И вдруг они увидели в дальнем углу такого же, как они, мальчишку, жующего колбасу. Мальчишку звали Генкой, он был эвакуированный, где-то потерял родителей, и вот уже неделю скитался, не решаясь обратиться за помощью в милицию, потому что милиция отправляла в детдом, а Генка туда не хотел. И вот теперь в грязных руках Генки было полколеса колбасы, он рвал ее зубами и глотал не прожевывая. Заметив, что за ним наблюдают, Генка спрятал колбасу за пазуху.
— Ге-е-н, да-а-й! — первым попросил Лешка.
Генка свернул кукиш.
— Во видел? Сам достань.
— А где ты достал? — спросил Юрка.
— Вон там, за вокзалом, склад есть, там военным пайки выдают. Вот мне один раненый и дал.
— Не врешь?
— Больно надо!
— Айда, робя! — сказал Володька и бросился к двери. За ним побежали и Лешка с Юркой.
И верно, дверь склада была открыта, возле нее стояла очередь из военных — человек пятнадцать. Кладовщик убеждал стоявшего впереди капитана:
— Сахар кончился, заменяем пшеном. Вот смотрите, точно по калькуляции, соответственно калорийности.

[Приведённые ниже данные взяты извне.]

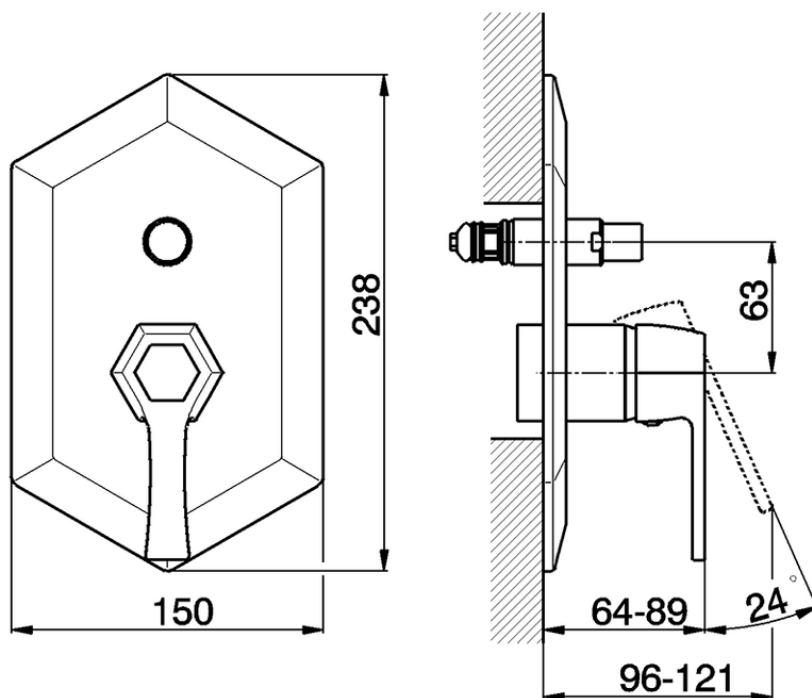

## Parte externa monomando baño/ducha empotrado CHERIE\_CH002100

CH002100

<https://es.cisal.it/parte-externa-monomando-bano-ducha-empotrado-cherie-ch002100>

Piastra/Plate/Plaque/Platte/Placa  
 2-3mm: XX 25-55 YY 72-102  
 10mm: XX 15-40 YY 62-87

ZA004210

<https://es.cisal.it/parte-empotrada-monomando-bano-ducha-empotrado-za004210>

2026-04-29

— Да где же я пшено варить буду? — не сдавался капитан. — Мне еще трое суток ехать…
В это время к очереди подбежал старшина с избитым оспой лицом, в распахнутой шинели, из-под которой виднелась медаль «За отвагу».
— Братцы, — обратился к стоявшим старшина, — пропустите без очереди. Поезд всего десять минут стоит. Мне только чаю, осьмушек десяток. Пополнение везу, а заварки нет, один кипяток хлещем.
— Куда пополнение-то? — спросил кто-то из очереди.
— Известно куда — на фронт.
— На какой фронт-то?
— Пока в Москву, а там пошлют куда надо.
— Получайте. — Капитан уступил место у прилавка.